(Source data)
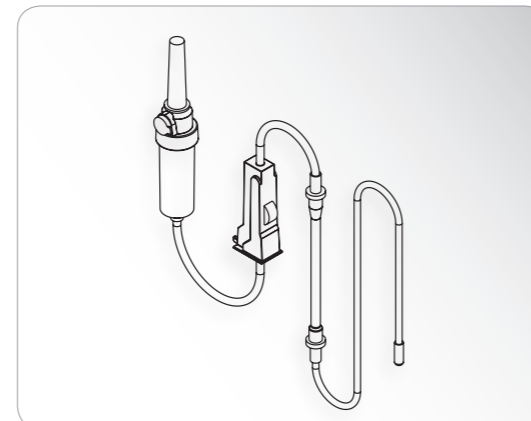

00929300 (10 pcs, 2,2 m)
Mangueira para fluido refrigerante
descartáveis, para motor com cabo de 1,8 m

04719400 (1 pcs, 2,2 m)
Conjunto de mangueira de irrigação
esterilizado, para motor com cabo de 1,8 m

Relação de tubos de irrigação originais

para unidades propulsoras cirurgicas W&H

implantmed

SI-915 (115 V, verde / azul)
SI-923 (230 V, verde / azul)

implantmed

SI-95 (115 V)
SI-95 (230 V)

04013900 (1 pcs)
Tubo da bomba
com terminal de encaixe

04014000 (3 pcs, 85 mm)
Tubo da bomba

00929300 (10 pcs, 2,2 m)
Mangueira para fluido refrigerante
descartáveis, para motor com cabo de 1,8 m

04363600 (6 pcs, 2,2 m)
Conjunto de mangueira de irrigação
descartáveis, para motor com cabo de 1,8 m

04719400 (1 pcs, 2,2 m)
Conjunto de mangueira de irrigação
esterilizado, para motor com cabo de 1,8 m

04013900 (1 pcs)
Tubo da bomba
com terminal de encaixe

04014000 (3 pcs, 85 mm)
Tubo da bomba

00929300 (10 pcs, 2,2 m)
Mangueira para fluido refrigerante
descartáveis, para motor com cabo de 1,8 m
00929400 (10 pcs, 3,8 m)
Mangueira para fluido refrigerante
descartáveis, para motor com cabo de 3,5 m
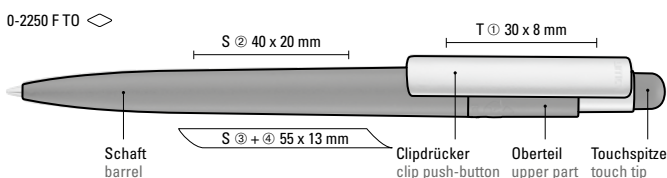

Preis/Stück 0-2250 F TO 0,88 €  
Mindestbestellmenge 1.000 Stück  
Werbeschlüssel

0,88 €  
1.000 Stück  
Schaft S, Clip T

Price/piece 0-2250 F TO 0.88 €  
Minimum quantity 1,000 pieces  
Advertising code barrel S, clip T

[What you will do]
Retype the data exactly as it stands, but keep the images out of your copy.

[Your solution]
00929300 (10 pcs, 2,2 m)
Mangueira para fluido refrigerante
descartáveis, para motor com cabo de 1,8 m

04719400 (1 pcs, 2,2 m)
Conjunto de mangueira de irrigação
esterilizado, para motor com cabo de 1,8 m

Relação de tubos de irrigação originais

para unidades propulsoras cirurgicas W&H

implantmed

SI-915 (115 V, verde / azul)
SI-923 (230 V, verde / azul)

implantmed

SI-95 (115 V)
SI-95 (230 V)

04013900 (1 pcs)
Tubo da bomba
com terminal de encaixe

04014000 (3 pcs, 85 mm)
Tubo da bomba

00929300 (10 pcs, 2,2 m)
Mangueira para fluido refrigerante
descartáveis, para motor com cabo de 1,8 m

04363600 (6 pcs, 2,2 m)
Conjunto de mangueira de irrigação
descartáveis, para motor com cabo de 1,8 m

04719400 (1 pcs, 2,2 m)
Conjunto de mangueira de irrigação
esterilizado, para motor com cabo de 1,8 m

04013900 (1 pcs)
Tubo da bomba
com terminal de encaixe

04014000 (3 pcs, 85 mm)
Tubo da bomba

00929300 (10 pcs, 2,2 m)
Mangueira para fluido refrigerante
descartáveis, para motor com cabo de 1,8 m
00929400 (10 pcs, 3,8 m)
Mangueira para fluido refrigerante
descartáveis, para motor com cabo de 3,5 m

Preis/Stück 0-2250 F TO 0,88 €  
Mindestbestellmenge 1.000 Stück  
Werbeschlüssel

0,88 €  
1.000 Stück  
Schaft S, Clip T

Price/piece 0-2250 F TO 0.88 €  
Minimum quantity 1,000 pieces  
Advertising code barrel S, clip T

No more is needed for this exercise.